‘And …’ Graham, who had been drying, turned away and started folding napkins, so that when Ann answered she wouldn’t be able to catch his eye. ‘ … did you?’
‘Oh yes.’ From the direction of her voice he knew she was looking at him. ‘Just once, I think.’
‘No more than a sneeze.’
‘Not much.’
Graham patted the napkins flat, picked up a teaspoon that didn’t need washing, carried it over to the sink and slipped it into the water. As he did so, he kissed Ann on the side of the neck and made a little sneezing noise. Then he kissed her again, in the same place.
He liked the way she answered him directly. She was never coy, or sly, or evasive. She never took the line, which she justifiably might, of ‘You haven’t earned the knowledge’. She just told him, and that was that. He liked it this way: if he asked, he got told; if he didn’t ask, he didn’t get told. Simple. He picked up the coffee tray and wandered off to the sitting-room.

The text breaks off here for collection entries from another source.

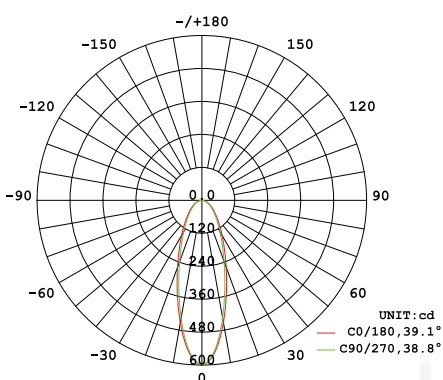

BRIZZI

A55 4W 2700K E27

Характеристики:

Напряжение: 175 – 265 В

Срок службы: 20 000 часов

Мгновенное разгорание

Аналог лампы накаливания 40Вт

Отсутствует УФ или ИК-излучение

Не содержит ртути

Мощность	4W
Цветовая температура	2700K мягкий теплый свет
Световой поток	350Lm
Напряжение	175 - 265В
Диммер	Нет
Индекс цветопередачи Ra	80
Цоколь	E27
Угол светового пучка	300
Материал	Алюминий и стекло
Размеры	Ф55x105 мм

Энергопоказатели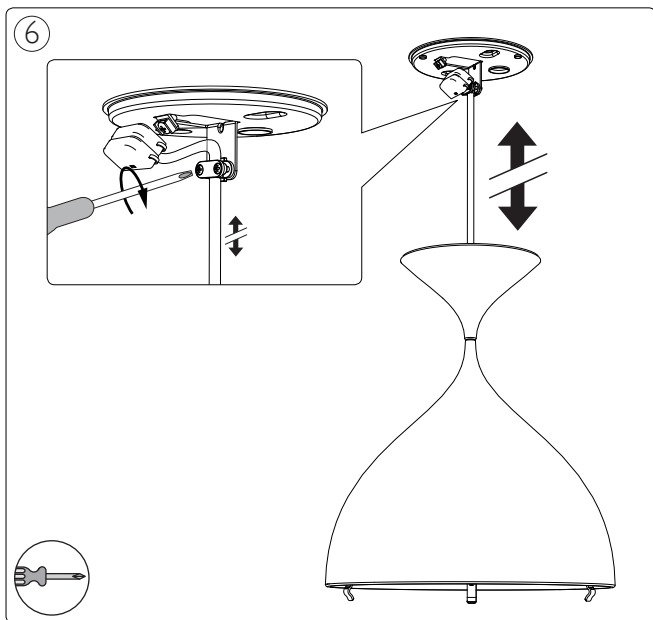

Incl.

Excl.

Philips Lighting Contact Centre
Int. Business Reply Service
I.B.R.S. / C.C.R.I. Numéro 10461
5600 VB Eindhoven
Pays-Bas / The Netherlands

www.philips.com/homelighting
☎ +800 7445 4775

4404.018.28591
Last update: 05/11/13

Ann was glad she’d got out of acting when she had—which was a few months before she met Graham. Eight years was quite enough for her to realize the random correlation that existed between talent and employment. A variety of stage, television and, latterly, film work, had convinced her that at her best she was really quite good; which was precisely not good enough for her.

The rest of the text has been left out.